Canadian malls add condos, apartments as retail stores shut down

  12/22/2017 |   SHARE
Posted in Canadian Housing Market by Anabela Serra | Back to Main Blog Page

New Condos / New highrise condos

Canadian mall owners are adding condos and apartments to their shopping centers, seeking to capitalize on a supply-constrained housing market while reducing exposure to a struggling retail sector.

Developers such as RioCan REIT, Canada’s largest property trust, and the property units of some Canadian pension funds are turning prime land that has historically not been put to best use – such as parking lots or low-rise retail – into housing in one of the world’s most expensive, supply-constrained residential markets.

In the greater Toronto area, there were 12,500 new homes available to purchase in October, less than half the average between October 2000 and 2015, according to Altus Group.

The rental market is just as tight. Toronto has a one per cent rental vacancy rate, according to the Canada Mortgage and Housing Corporation. That was despite the highest level of rental construction in 25 years in the third quarter, according to Urbanation Inc. Home prices have surged more than 60 per cent in Vancouver and 40 per cent in Toronto in the last three years.
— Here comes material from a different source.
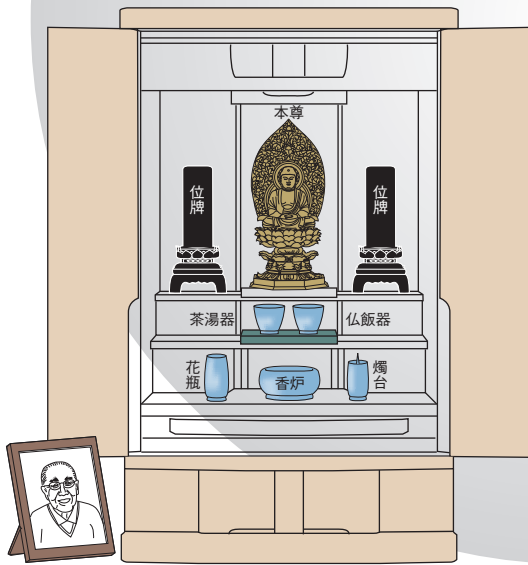

都市型仏壇の御荘厳

宗教工芸社©

高杯・リンは下段、膳引きなどに置くことが多い

Even pullbacks in these markets this year following policies to dampen price gains appear to be reversing on continued demand and limited supply.
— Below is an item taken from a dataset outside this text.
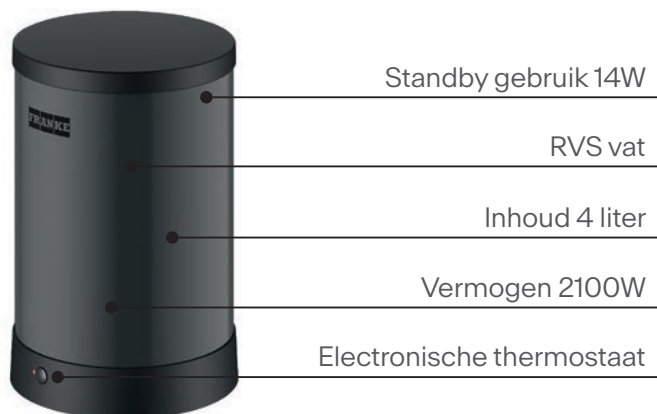

De beste mix van duurzaam en mooi.

Water op zijn best

Maris boiler

Onze nieuwe Maris boiler heeft een roestvrij stalen vat en is uitgevoerd met hoogwaardige isolatie en slimme technologie. Met een inhoud van 4 liter heb je 2,5 tot 2,7 liter kokend water direct beschikbaar voor gebruik. Hij is dan ook super zuinig in het gebruik en razendsnel weer op temperatuur en is de perfecte partner voor in de keuken.

“The population is growing and there’s no real land left” in Canada’s biggest cities, said RioCan Chief Executive Ed Sonshine.

In Toronto, RioCan is creating ePlace, a development with about a fifth of the retail space of some of its other malls, 1,100 condominiums and apartments, and some offices.

The 466 rental apartments will add the first of 10,000 residential units the shopping center developer plans to own by 2025 across 50 properties.

Buyers are responding. All the condos at ePlace, expected to be completed by early 2019, have already been sold.

Even owners of thriving malls are joining in.

Yorkdale Shopping Center in Toronto is Canada’s most productive mall, with C$1,653 of sales per square foot for the year ended June 30, according to a Retail Council of Canada study.

But owner Oxford Properties, the real estate unit of the Ontario Municipal Employees Retirement System, is seeking to add as many as 1,496 residential units, offices and hotel space under a planned revamp.

Oxford is betting that better public transit and technological changes such as autonomous vehicles will reduce demand for parking, said Bradley Jones, head of retail at Oxford.

More mall vacancies

Rising retail vacancies, exacerbated by the demise of Sears Canada and Target Corp’s Canadian operations over the past few years, “have caused even more people to start thinking that there are alternate uses for part of their sites,” said Matthew Smith, head of national retail investment at Jones Lang LaSalle.

And, if a concentration of retailers around transport nodes is weighing on businesses despite their location, changing some to residential could reduce that burden, Smith said.

It’s not simply about plopping a few apartments on or adjacent to existing malls, however. Owners like Cadillac Fairview (CF), a unit of the Ontario Teachers’ Pension Plan, have concluded that the traditional mall, anchored by department stores with chain stores and fast-food restaurants in between, may no longer be as profitable.

CF plans to spend about C$2 billion to add residential units at four of its malls, in addition to one under construction in Toronto, said Finley McEwen, its senior vice president for development.

Many of the redevelopments include “turning the malls inside out,” putting specialty stores, sit-down restaurants and other non-traditional mall occupants facing outward, which, combined with the residential units, create a space that’s more alive, McEwen said.

“Mixing uses creates a vibrancy after hours, they create safer streets … And they become naturally more attractive,” he said.